Following nine hours of deliberation the jury delivered the verdict of guilty. Kathleen Folbigg was sentenced to 40 years in prison. She was remanded to a maximum security prison where she was locked in her cell for 22 hours a day to protect her from other prisoners who target “baby killers.” She was, in fact, beaten by an inmate during her transfer to another prison with a prisoner protection wing.
Meanwhile, reexamination of cases of women charged with unexplained infant deaths increased after the infamous story of Lindy Chamberlain, who had claimed that a dingo had taken her baby. (She was convicted and served nine years before her sentence was reversed. A dingo had, indeed, killed her infant daughter.) Her wrongful conviction of infanticide had eventually been overturned as had others. Kathleen Folbigg’s defense team began gathering data in support of her appeals.
A new member to the team, Carola Garcia de Vinuesa was brought on to evaluate if DNA testing could provide insight into the infant’s deaths. Upon genome sequencing of Kathleen’s and her infants’ DNA samples, a mutation in the CALM2 genes were identified in both of her daughter’s genes. Genetic research has now shown that the mutation causes sudden cardiac deaths in adults and infants. The boys also had inherited a rare variant in their genome that causes fatal epilepsy in mice — but has not yet been studied in humans. This information, indeed this science, was not available at the time of Kathleen’s trial.
Even with this new information, however, all of Kathleen Folbigg’s appeals have been denied without consideration of the new scientific findings.

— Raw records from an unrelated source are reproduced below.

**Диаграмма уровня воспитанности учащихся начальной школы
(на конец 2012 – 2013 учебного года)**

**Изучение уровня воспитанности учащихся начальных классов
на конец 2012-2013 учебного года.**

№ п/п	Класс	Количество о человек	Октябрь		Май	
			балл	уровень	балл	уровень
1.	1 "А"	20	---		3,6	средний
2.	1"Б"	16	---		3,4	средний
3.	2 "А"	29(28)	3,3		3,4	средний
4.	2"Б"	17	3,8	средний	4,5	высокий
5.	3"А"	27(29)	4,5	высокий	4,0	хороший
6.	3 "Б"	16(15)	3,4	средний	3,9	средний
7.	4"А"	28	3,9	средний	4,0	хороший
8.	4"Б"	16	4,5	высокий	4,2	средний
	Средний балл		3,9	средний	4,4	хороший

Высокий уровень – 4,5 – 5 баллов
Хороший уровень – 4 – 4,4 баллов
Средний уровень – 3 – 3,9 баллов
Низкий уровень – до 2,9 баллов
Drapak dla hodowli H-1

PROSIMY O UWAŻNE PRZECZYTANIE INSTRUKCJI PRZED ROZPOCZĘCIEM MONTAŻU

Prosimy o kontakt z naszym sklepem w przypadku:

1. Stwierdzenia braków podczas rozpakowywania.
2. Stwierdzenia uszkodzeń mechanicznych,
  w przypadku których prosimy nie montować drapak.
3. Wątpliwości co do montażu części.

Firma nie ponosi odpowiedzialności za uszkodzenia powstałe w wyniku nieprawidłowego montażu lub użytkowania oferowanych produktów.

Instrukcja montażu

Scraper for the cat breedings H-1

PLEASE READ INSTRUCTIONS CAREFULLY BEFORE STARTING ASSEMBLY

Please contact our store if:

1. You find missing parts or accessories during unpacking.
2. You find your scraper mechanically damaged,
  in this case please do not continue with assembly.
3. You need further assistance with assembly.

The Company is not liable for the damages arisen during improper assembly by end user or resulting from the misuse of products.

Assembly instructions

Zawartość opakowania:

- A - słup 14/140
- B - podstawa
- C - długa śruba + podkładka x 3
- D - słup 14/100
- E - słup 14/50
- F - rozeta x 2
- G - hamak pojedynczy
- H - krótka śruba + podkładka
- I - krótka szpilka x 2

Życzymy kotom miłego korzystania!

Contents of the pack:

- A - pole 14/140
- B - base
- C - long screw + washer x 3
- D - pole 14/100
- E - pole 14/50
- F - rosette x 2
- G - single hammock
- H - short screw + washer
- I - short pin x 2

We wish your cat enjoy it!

From my readings of the case, it seems like the court would rather retain an innocent person in prison rather than admit that the court may have made a mistake. Should not evidence discovered after the trial be considered in appeal? The only option left to Kathleen now is to petition the governor of New South Wales to enact the Royal Prerogative of Mercy, in U.S. terms, to grant her a pardon.
Folbigg’s legal team, along with the Australian Academy of Science, have collected more than 100 signatures from leading genetic experts, cardiac specialists, and two Nobel laureates. The petition argues that the new genetic evidence raises reasonable doubt about Katheen having killed her children. The legal team has drafted the petition which includes the warning that keeping Folbigg in prison sets the precedent “that cogent medical and scientific evidence can simply be ignored in preference to subjective interpretations of circumstantial evidence.” According to Vinuesa, Kathleen is studying for a degree in counseling so that, whenever she is released from prison, she can work with mothers who are grieving their lost children.